In all Cox regression models, the chronological age was the best predictor of mortality across the entire cohort under study, which includes age categories from 60 to 103 (Fig. 3a). When Cox regression was limited to only 80-year-olds, FI34 was a better predictor of mortality than chronological age (P = 0.035 versus P = 0.054, respectively, Fig . 3b) . This indicates that FI34 is the best indicator of biological age in later years, when the accumulation of health deficit accelerates among the oldest.

That is, a lower p-value means better predictive power. Typical delusion of poorly understanding statistics:

Misconception # 13: Statistical significance is a property of the phenomenon being studied, and thus, statistical tests reveal significance.

Not! This misinterpretation is promoted when the researchers claim that they have found or have not found “evidence” of a statistically significant effect. The studied effect either exists or does not exist. "Statistical significance" is a dichotomous description of the value of P (which is lower than the chosen cut-off) and, therefore, is a property of the result of a statistical test, but it is not a property of the effect or the population under study.

Moreover, for their key conclusion, the authors took model No. 7 as the basis, where both considered parameters (FI and DNAmAge) are presented simultaneously, and also together with the chronological age with which they both correlate (that is, most likely they are not independent, disrupting one of the regression conditions). Yes, and narrowed the sample only to 80-year-olds - that is, to a very narrow segment of that parameter (chronological age), which best explains the variation of the entire data array (since the model number 1 has R ² several times higher than other models), and then We are happy to report that the age on such a narrow age segment has a low p-value.

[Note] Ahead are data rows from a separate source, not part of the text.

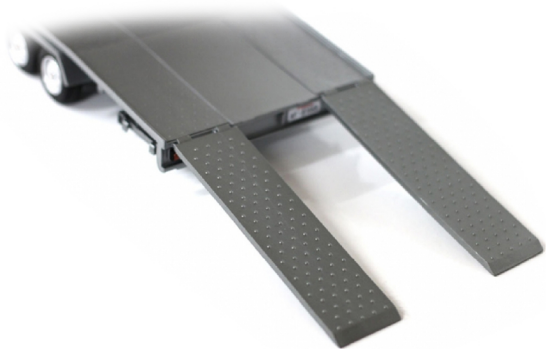

ACCESSORIES

LM14AC - ELLEBI TRAILER RAMP
LM13AC - LUGGAGE RACK COMPLETE (SUITABLE FOR FIAT 850)
LM12AC - LUGGAGE RACK COMPLETE (SUITABLE FOR FIAT 126)

ACCESSORIES

LM11AC - LUGGAGE RACK FIAT 850
LM10AC - LUGGAGE RACK FIAT 126
LM06AC - BEACH PORTABLE FRIDGE
LM09AC - SUPER SANTOS BALL
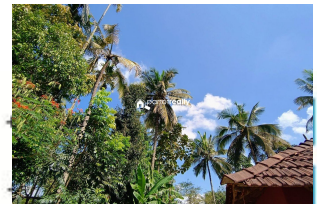

Beautiful 80 cent with House for sale near Panamaram,Wayanad...

Panamaram, Panamaram, Wayanad ,670721

Property Details

Property Id : 248023

Property Type: Residential land

Road Accessibility:

Possession :

Plot Area : 80 Cent

Description

Land Area :- 80 cent... House :- Old roof tile house... Areca,Coconut & Other trees are cultivated... Water source :- Open well.. One cattle shed & Goat shed included in this property... All facilities available with in 1 km.. Asking Price :- 35 lakh... More details please contact – 9656866955..

Contact Details

Parrotrealty

9656866955

parrotrealty@yahoo.com

Property Media

www.parrotrealty.com

parrotrealtyervices@gmail.com

2nd Floor, Amrutheswari Complex, Panamaram
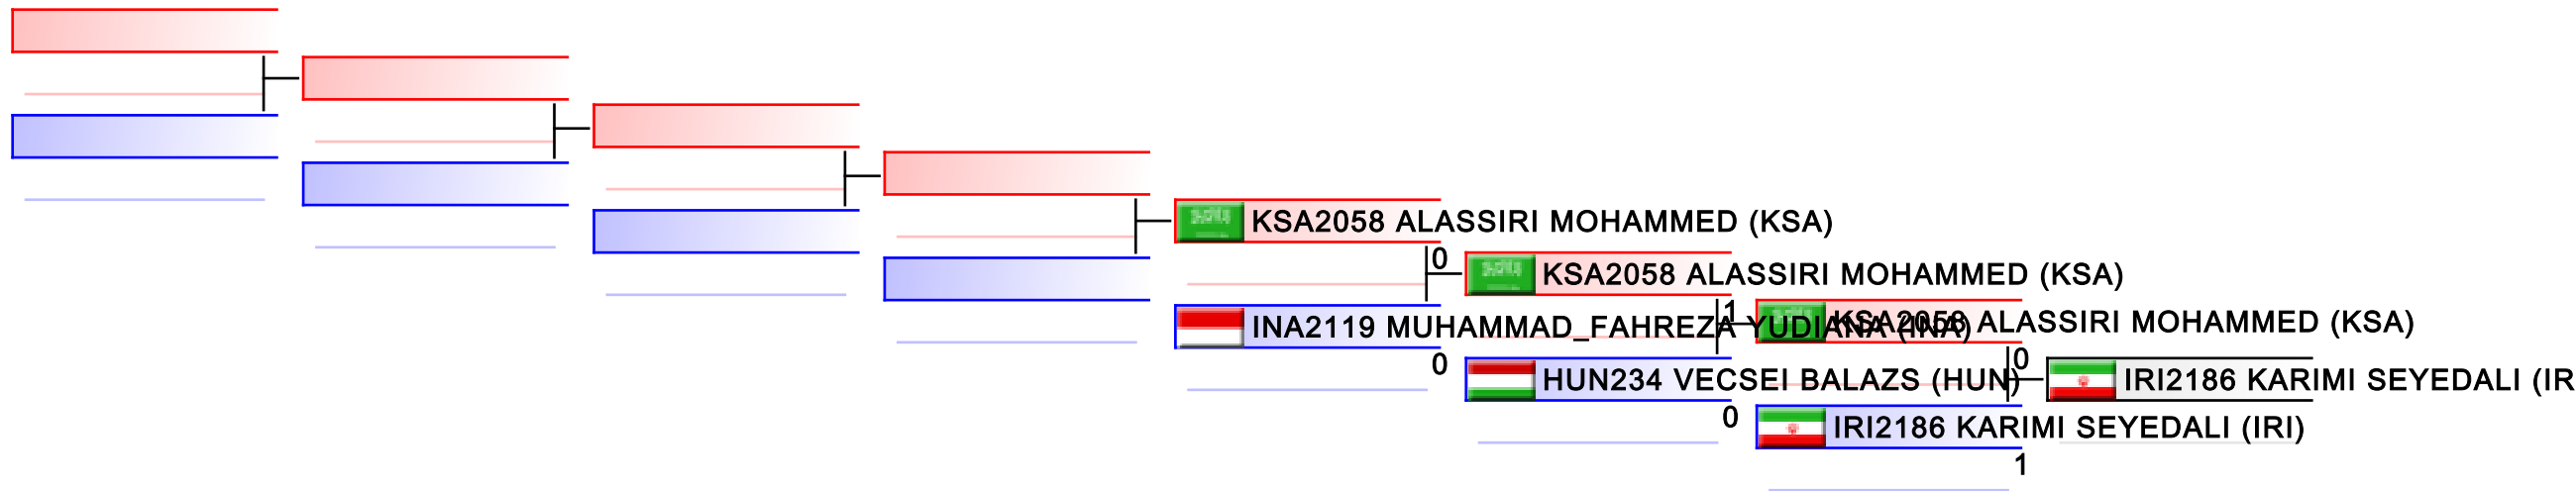

REPECHAGE: Cadet Kumite Male -57 kg(1,2)

About the fact that the model of their index of decrepitude of R ^{2 is} almost 2 times lower than the model of DNAmAge, I have already mentioned (0.13 versus 0.22). And the fact that adding additional parameters to the existing chronological age is meaningless is evident from the fact that R ^{2 of} such models (0.48–0.50) is almost identical to the original (0.48 model No. 1).

Well, in conclusion, it is worth noting that the value of the very concept of decrepitude index proposed by the authors is close to zero. The biomarker is valuable in that it can change in both directions, because aging therapy is designed to reduce the biological age. And the proposed decrepitude index is mainly based on historical parameters (did you have a stroke / heart attack / etc.). Therefore, even if aging therapy rejuvenates your heart, brain and kidneys, this will hardly affect the historical index of decrepitude. And on the methylation clock or locomotive - completely.

So congratulations to all of us with new biomarkers of aging, and wish us happiness, health, and a very long life!